RE: [Idr] draft-ietf-grow-ops-reqs-for-bgp-error-handling-05

John G. Scudder wrote (on Fri 31-Aug-2012 at 17:24 +0100):

By the way, since this is now in *IETF* last call, if you want your
comments to be considered you should send them to ietf(_at_)ietf(_dot_)org.
Feel free to cc IDR and GROW if you like.


OK.  Message previously posted to idr(_at_)ietf(_dot_)org follows:
----------------------------------------------------------------------
--------

OK.  Clearly I am late to the party, but here goes...

In section 2 the draft talks of three "sub-classes" of error:

  1) "...UPDATE message is considered invalid...due to an error
     within a path attribute...[which]...is syntactically valid..."

  2) "...where a valid NLRI attribute can be extracted..." 

  3) "...where an attribute is not able to be parsed..."

and of the "key requirement to maximize the number of cases in which
it is possible to extract NLRI from a BGP message".

The draft is not specific on what is "syntactically valid", or what is
a "completely parsed" a set of attributes.  However, section 2.1.2
enumerates some "Semantic BGP Errors", which imply a desire to accept
a wide range of very badly broken sets of attributes.

In that context, the proposal to place any MP_REACH_NLRI and/or
MP_UNREACH_NLRI at the start of the attributes is insufficient.

If it is possible to parse both MP_REACH_NLRI and MP_UNREACH_NLRI at
the start of the attributes, and at least the first attribute which
follows is completely valid, then it seems highly likely that all NLRI
can be extracted, no matter how badly broken the rest of the attribute
set is.

But what does it mean if that is not the case ?  It is not known
whether the sender will send attributes in the required order.  It is
not known what combination of 'Withdrawn Routes', 'Network Layer
Reachability Information', MP_REACH_NLRI and MP_UNREACH_NLRI may have
been sent.  So, does the fact that MP attributes are not visible mean
they are not there, or that they are obscured by some other broken
attribute ?

The requirements appear to say that almost any random sequence of
octets should be an acceptable set of attributes, provided that the
NLRI can be identified.  But relaxing the rules on what is an
individually valid attribute means that any (apparent) absence of MP
attribute(s) is more than a little ambiguous.  Accepting (say) an
ATOMIC_AGGREGATOR attribute with a length of (say) 421 makes me feel
more than a little queasy.  It does not contain any NLRI, but I would
not care to guess what earlier misbegotten attribute may have lead us
to this odd looking attribute, or what nonsense may follow, or what
the sender really meant to say, or whether an MP attribute is lost in
the noise.

Reliable identification of the NLRI might be achieved:

  1) as suggested in the draft, by sending MP_UNREACH_NLRI
     and MP_REACH_NLRI as the first attributes.

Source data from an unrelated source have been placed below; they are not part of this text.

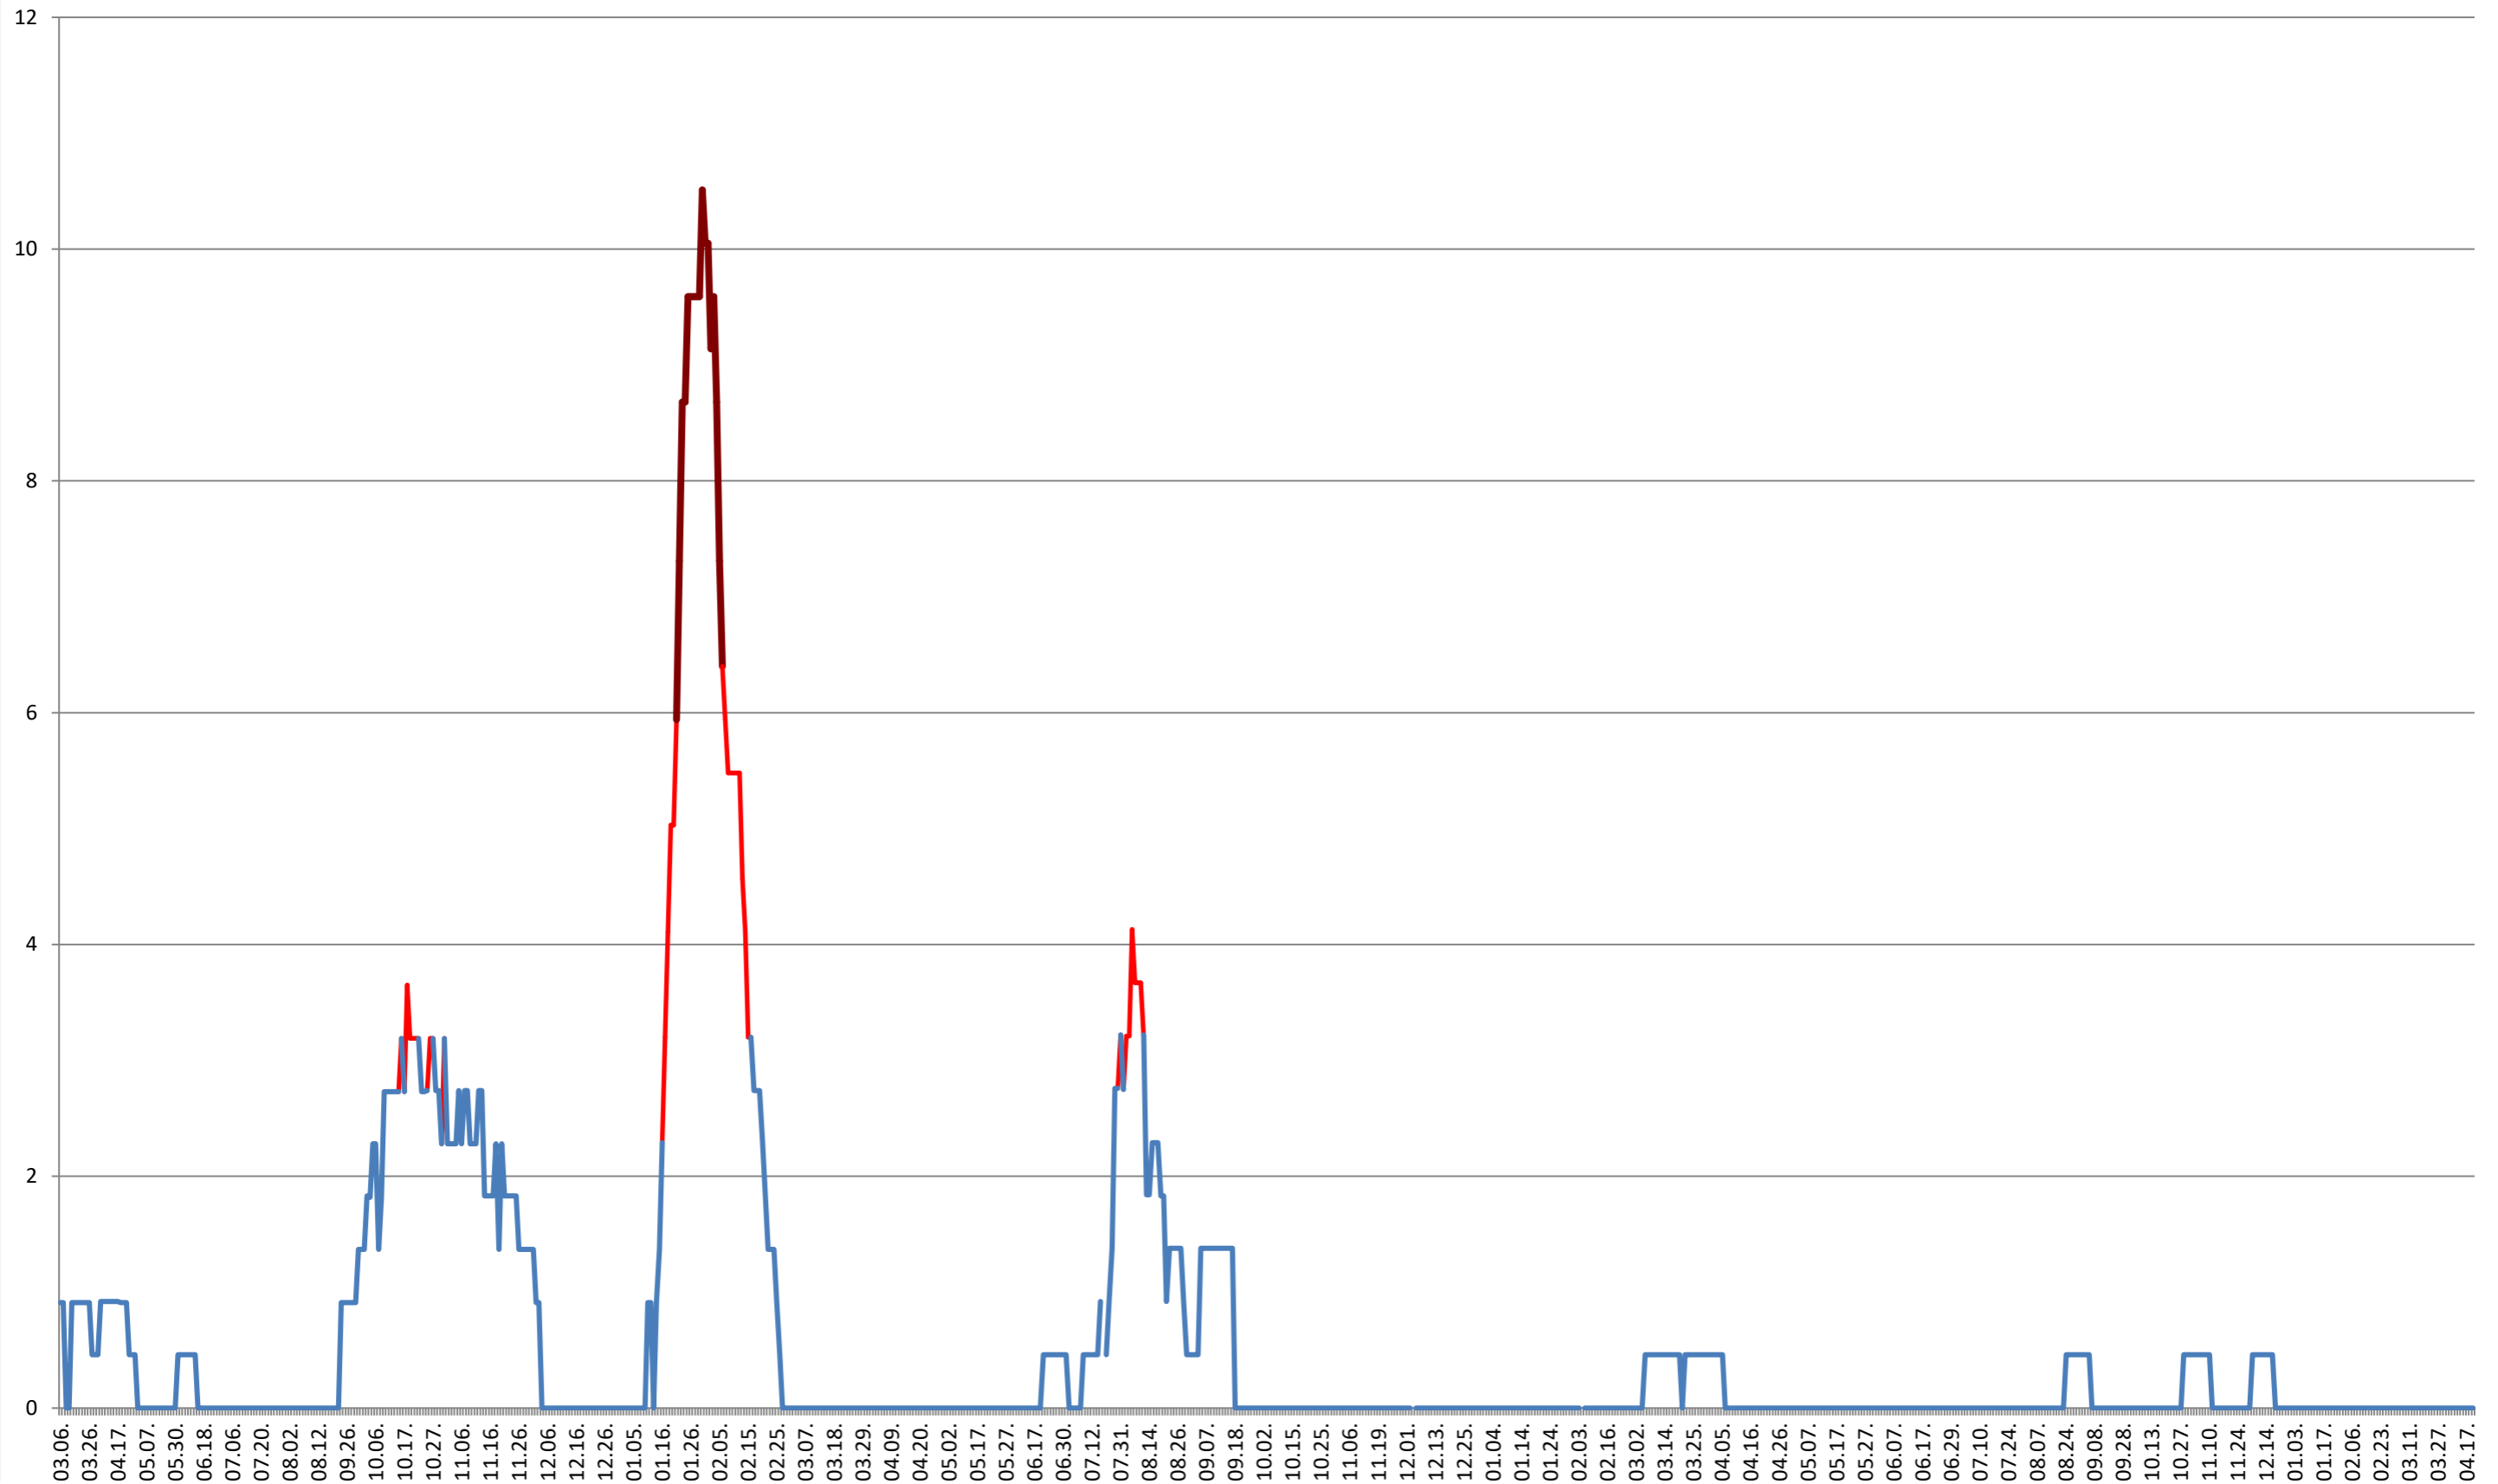

**CORUND - Evolutia incidentei cumulate pe 14 zile la % de locuitori**  
**2021.03.07. - 2024.04.19.**

### COZMENI - Evolutia incidentei cumulate pe 14 zile la ‰ de locuitori 2021.03.07. - 2024.04.19.

**ORAȘ CRISTURU SECUIESC - Evolutia incidentei cumulate pe 14 zile la ‰ de locuitori**  
**2021.03.07. - 2024.04.19.**

**DĂNEȘTI - Evolutia incidentei cumulate pe 14 zile la % de locuitori**  
**2021.03.07. - 2024.04.19.**

**DÂRJIU - Evolutia incidentei cumulate pe 14 zile la ‰ de locuitori**  
**2021.03.07. - 2024.04.19.**

     But I would add the ORIGIN to that, so that the receiver
     sees:

       * no attributes at all -- hence no MP NLRI,

       * or, just an exactly correct ORIGIN -- signalling no
         MP NLRI,

       * or, MP_UNREACH_NLRI all on its own,

       * or, MP_REACH_NLRI followed by an exactly correct
         3 octets of ORIGIN attribute (as a sort of
         terminator)

       * or, all three.

     *PLUS*

       * a Capability that promises to do so, so that there
         is no ambiguity.

  2) or, more directly, by:

       * adding an UPDATEv2 message type

       * and Capability,

     to completely separate NLRI from Attributes.

Now, it is possible that no known BGP implementation out there sends
more than one form of NLRI in an UPDATE message.  So, the presence of
any one implies the absence of all others, and the presence of any
attribute other than MP_UNREACH_NLRI implies the presence of
MP_REACH_NLRI if there are no other NLRI.  If that is the assumption,
then it should be stated.

However, if the intent is to keep going despite (inter alia) problems
caused by malfunctioning software, then completely separating NLRI
from attributes seems to me the cleanest approach.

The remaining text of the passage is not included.